Geospatial disaster response uses geospatial data and tools to help emergency responders, land managers, and scientists respond to disasters. Geospatial data can help save lives, reduce damage, and improve communication. Geospatial data can be used by federal authorities like FEMA to create maps that show the extent of a disaster, the location of people in need, and the location of debris, create models that estimate the number of people at risk and the amount of damage, improve communication between emergency responders, land managers, and scientists, as well as help determine where to allocate resources, such as emergency medical resources or search and rescue teams and plan evacuation routes and identify which areas are most at risk.
In the United States, FEMA's Response Geospatial Office is responsible for the agency's capture, analysis and development of GIS products to enhance situational awareness and enable expeditions and effective decision making. The RGO's mission is to support decision makers in understanding the size, scope, and extent of disaster impacts so they can deliver resources to the communities most in need.

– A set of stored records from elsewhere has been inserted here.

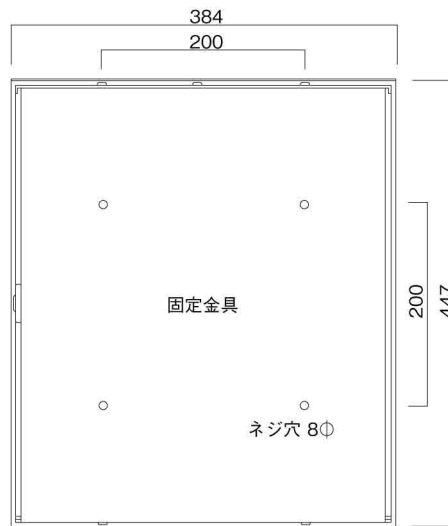

ポストボックス

TN23-11R

ブラケットタイプ  
(コンボスタンド兼用)

10.03

株式会社 タマヤ

正面図

裏面図

平面図

底面図

左側面図

縦断面図

縦断面図

横断面図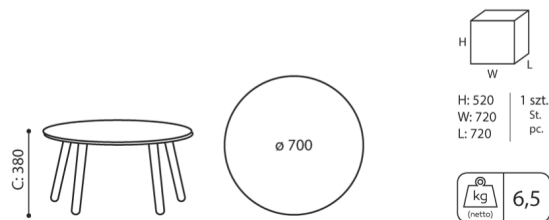

### Farben von Melamin-Tischplatten

---

KODE

Farbgebung nach Bejot-Musterkatalog

# abmessungen

TB W 74L

TB W 740 L

- H** Höhe: Gesamtabmessungen
- W** Gesamtbreite
- L** Gesamttiefe

Die Abmessungen sind ungefähr und können je nach ausgewählter Produktkonfiguration ändern. Die Anforderungen der Norm werden immer erfüllt.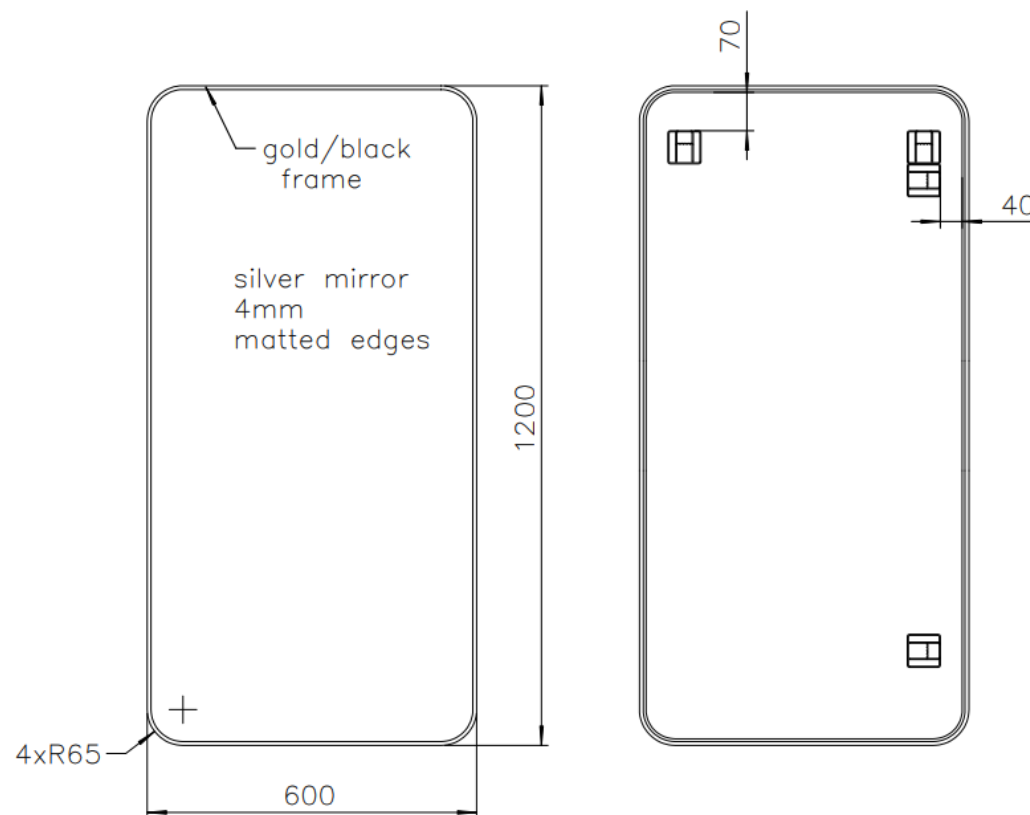

OPMERKINGEN / REMARQUES: YV@DETREMMERIE.BE

RIO MET DIKKE RAND/ RIO AVEC CADRE PROFOND

60

60 x 120

DETREMMERIE

BATHROOM FURNITURE

OPMERKINGEN / REMARQUES: YV@DETREMMERIE.BE

RIO MET DIKKE RAND/ RIO AVEC CADRE PROFOND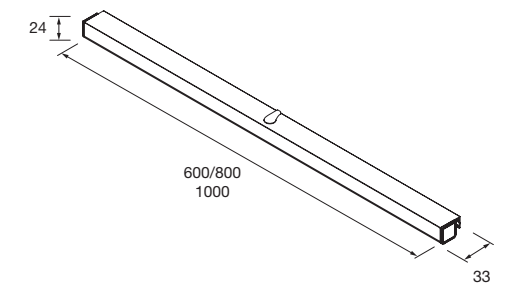

Aplique BOREAL 308
blanco luz led (7 W.) IP 44 (457lm)
(5700 K)
84122 73 €
Aplique BOREAL 500
blanco luz led (8 W.) IP 44 (568lm)
(5700 K)
84123 105 €
Aplique BOREAL 700
blanco luz led (10 W.) IP 44 (751lm)
(5700 K)
84124 148 €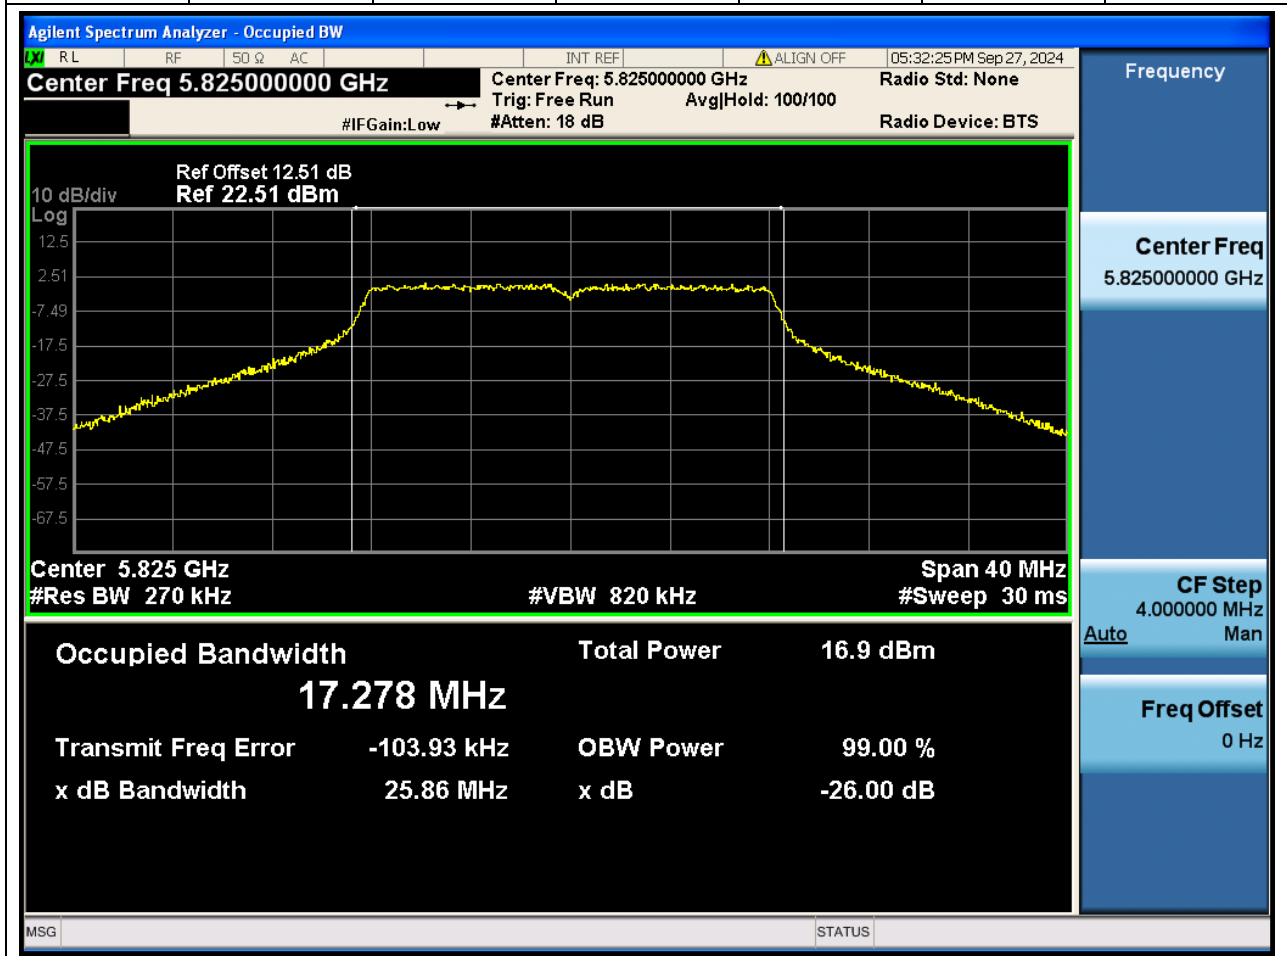

43. 802.11a_20M_U-NII-3_H

43.1. A.2-26dB Bandwidth(NTNV)

Center Frequency (MHz)	XdB Down	RBW (MHz)	Detector	Limit (MHz)	XdB BandWidth (MHz)	Verdict
5825	26	0.2	Peak	0	25.85801	N/A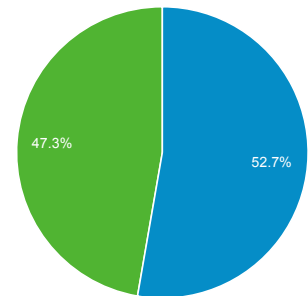

## Audience Overview

All Users  
100.00% Sessions

### Overview

Sessions  
**820,992**

Users  
**514,757**

Pageviews  
**6,606,714**

Pages / Session  
**8.05**

Avg. Session Duration  
**00:04:44**

Bounce Rate  
**3.74%**

% New Sessions  
**52.58%**

■ New Visitor ■ Returning Visitor

Language	Sessions	% Sessions
1. en	420,950	51.27%
2. en-us	204,868	24.95%
3. en-gb	168,618	20.54%
4. fr	5,850	0.71%
5. (not set)	3,597	0.44%
6. en_us	3,065	0.37%
7. en_gb	1,897	0.23%
8. en-za	1,434	0.17%
9. id	1,185	0.14%
10. pt	1,151	0.14%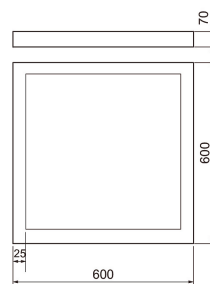

Plano ja Plata

Ram BK RAL 9005

Plata monteringsram för Plano, Plano Pro och Plata armaturer, svart.

Ram BK RAL 9005

E-NUMMER	KOD	KG	PRODUKTLINJE
7027773	A2PLKI	2.5	Plano ja Plata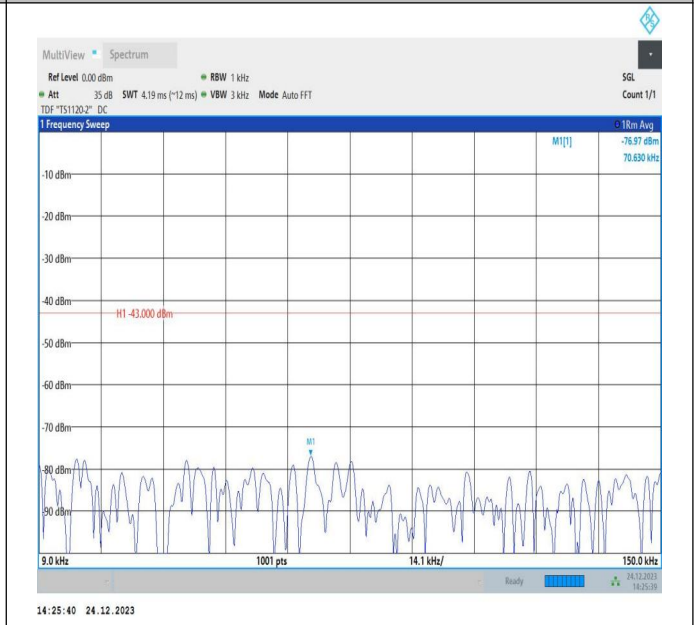

66-66-20MHz-15MHz-QPSK-QPSK-132348-132519-100RB#
0-75RB#0-1000~3000MHz-PASS

66-66-20MHz-15MHz-QPSK-QPSK-132423-132594-1RB#0-
0RB#0-0.009~0.15MHz-PASS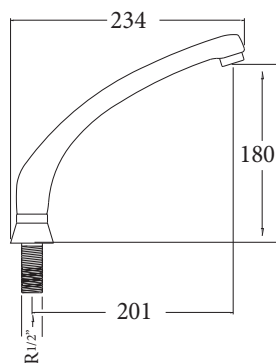

Ref. **GT-320** Producto
Caño giratorio fregadera en latón fundido

PVP:72,80 €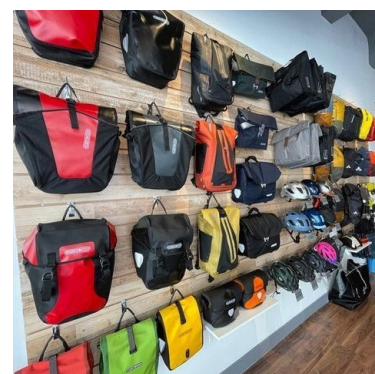

Panneau rainuré bois 15 cm Panneaux rainurés et fixations

89,95 €H.T.

CARACTÉRISTIQUES

Marque	Mobilier shopping
Base	
Fixation	
Couleur	Bois
Ref	pan-rai-boi-3416
ID	3416
Délai de livraison	1-5 jours ouvrés
Catégorie	Panneaux rainurés et fixations
Type	Mobilier magasin

DESCRIPTION

Panneau rainuré couleur bois, en MDF de qualité. Ce slatwall est idéal pour l'exposition murale de vos articles en boutiques. Sur ce panneau rainuré, possibilité d'y rajouter des accessoires, types étagères, crochets etc. L'épaisseur du panneau rainuré est de 18mm. Les dimensions du slatwall sont 120x120 cm, et la distance entre les profilés en aluminium est de 15cm. Ce slatwall est vendu avec profil en aluminium.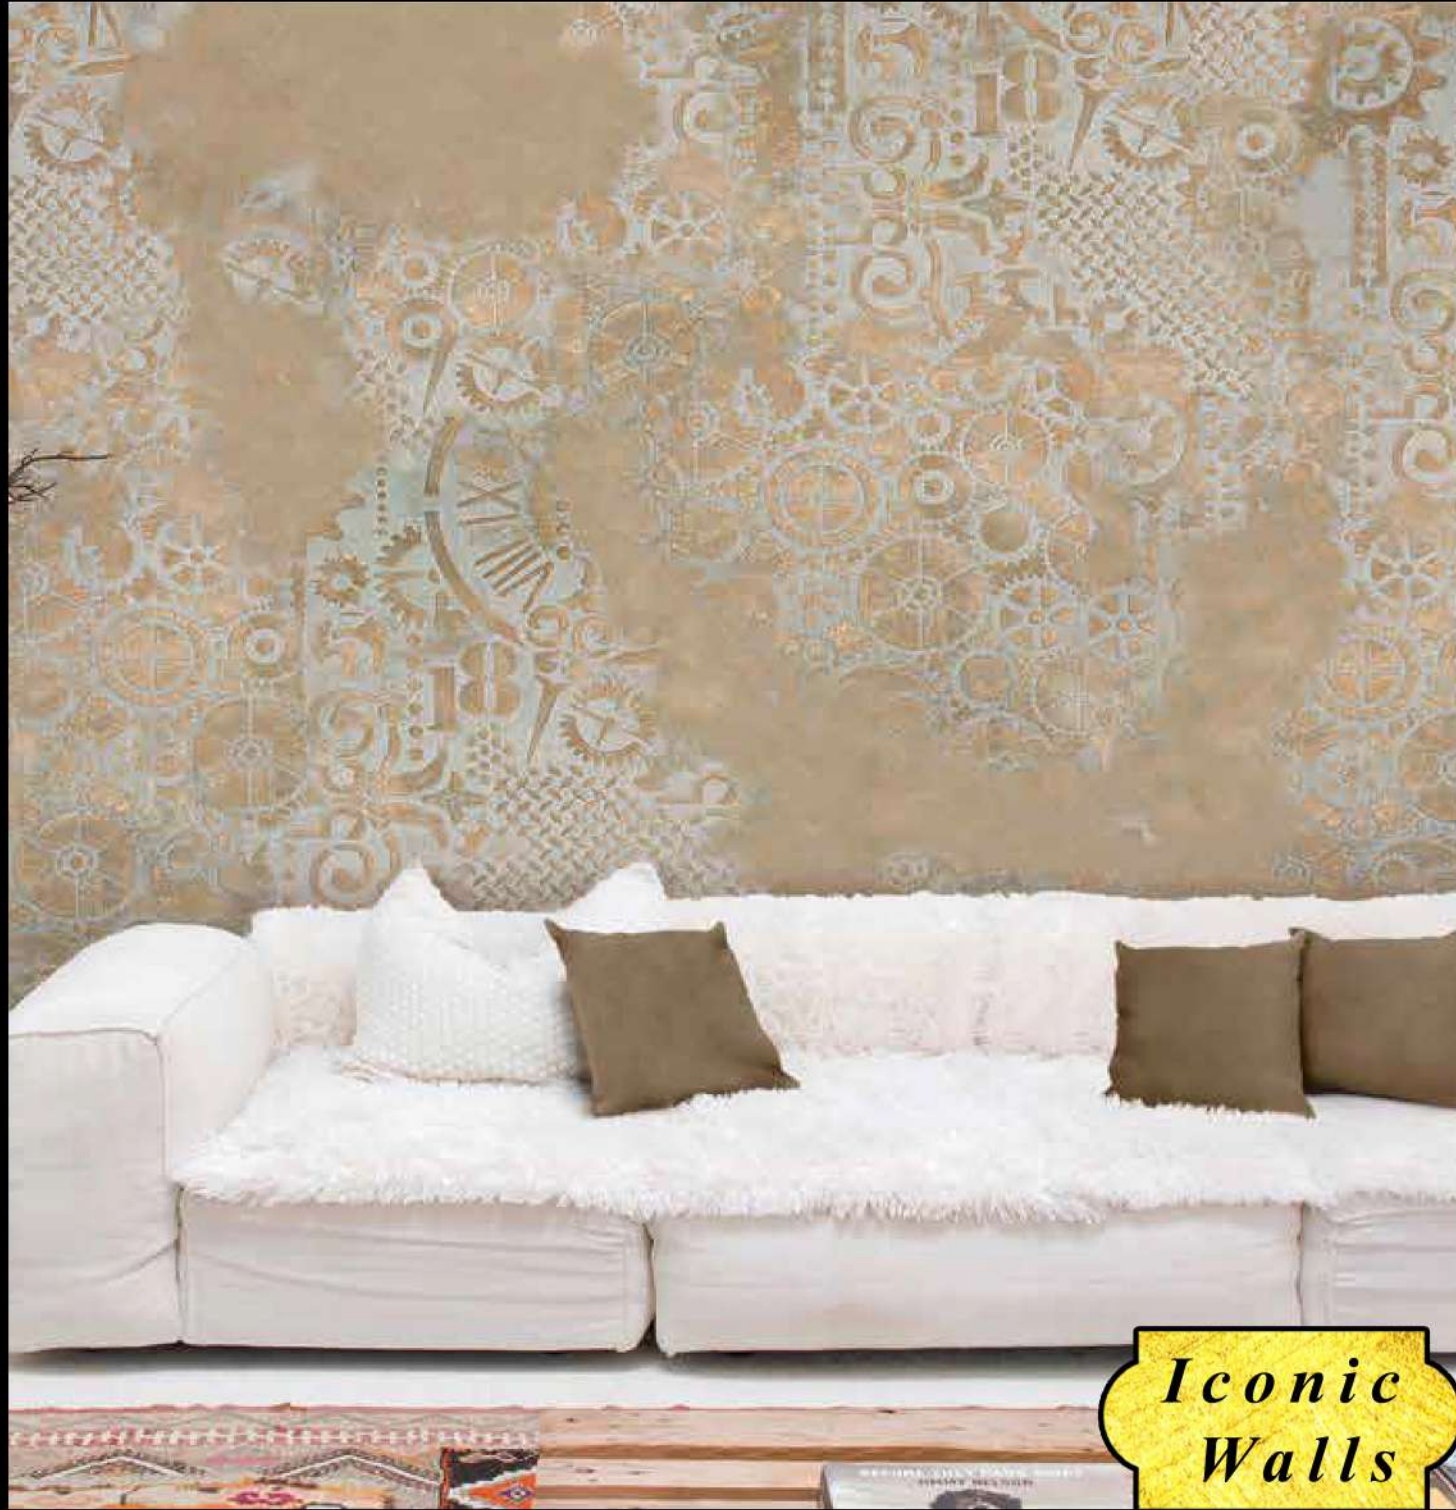

Romano
The Venetian Plaster

IW : 13

SIZE : 24 X 24 INCH

*Iconic
Walls*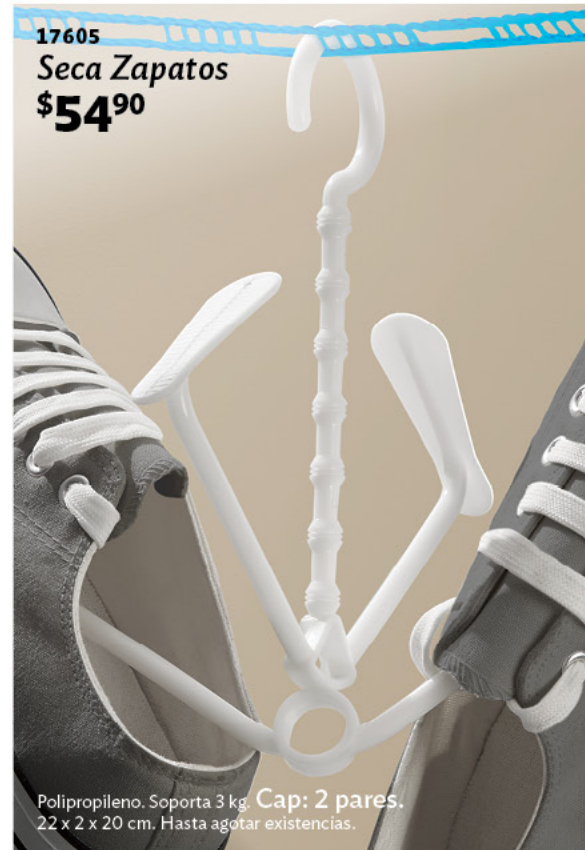

Suaviza y renueva la textura

Ideal para:

- ✓ Zapatos
- ✓ Botines
- ✓ Bolsos
- ✓ Chamarras
- ✓ Y más...

21106 B  
**Cepillo Limpia Gamuza**  
**REGRESA**

**\$74<sup>90</sup>**

Polipropileno, TPR y cobre. 17 x 4 x 3 cm.

21600  
**Lava Red 2**  
**\$84<sup>90</sup>** (2 pzas.)

Malla de poliéster. Grande: 40 x 50 cm. Chica: 40 x 30 cm.

22605  
**Red Lava Tenis**  
**\$149**

Con amortiguadores que protegen tu lavadora

¡Lava, seca y protege!

Para tenis de hasta 30 cm.  
 Malla. 30 x 28 x 10 cm.  
 Hasta agotar existencias.

17605  
**Seca Zapatos**  
**\$54<sup>90</sup>**

Polipropileno. Soporta 3 kg. Cap: 2 pares.  
 22 x 2 x 20 cm. Hasta agotar existencias.

====Geological mapping ====

Geological exploration and mineral resource assessment.

In geology, GIS is increasingly used for the assessment and forecasting of mineral deposits, particularly for commonly occurring mineral resources (COMR) such as construction sands, clays, and peat. Unlike the dense and uniformly distributed borehole data typical of oil and gas exploration, COMR exploration often relies on sparse and unevenly distributed datasets. This requires specialized GIS algorithms, for instance, those based on Voronoi diagrams, to create three-dimensional geological models from incomplete information. Beyond modeling, GIS enables a comprehensive evaluation by integrating geological and industrial parameters—such as overburden ratio and deposit thickness—with land-use data to classify and rank potential mining sites based on their economic and environmental acceptability. A case study of this integrated approach was demonstrated for the Brest region in Belarus, where a regional digital model was created to forecast and evaluate new non-metallic mineral deposits, considering both geological constraints and land-use regulations for open-pit mining development.

====History====
The use of digital maps generated by GIS has also influenced the development of an academic field known as spatial humanities.

==Other aspects==
===Open Geospatial Consortium standards===

The Open Geospatial Consortium (OGC) is an international industry consortium of 384 companies, government agencies, universities, and individuals participating in a consensus process to develop publicly available geoprocessing specifications. Open interfaces and protocols defined by OpenGIS Specifications support interoperable solutions that "geo-enable" the Web, wireless and location-based services, and mainstream IT, and empower technology developers to make complex spatial information and services accessible and useful with all kinds of applications. Open Geospatial Consortium protocols include Web Map Service, and Web Feature Service.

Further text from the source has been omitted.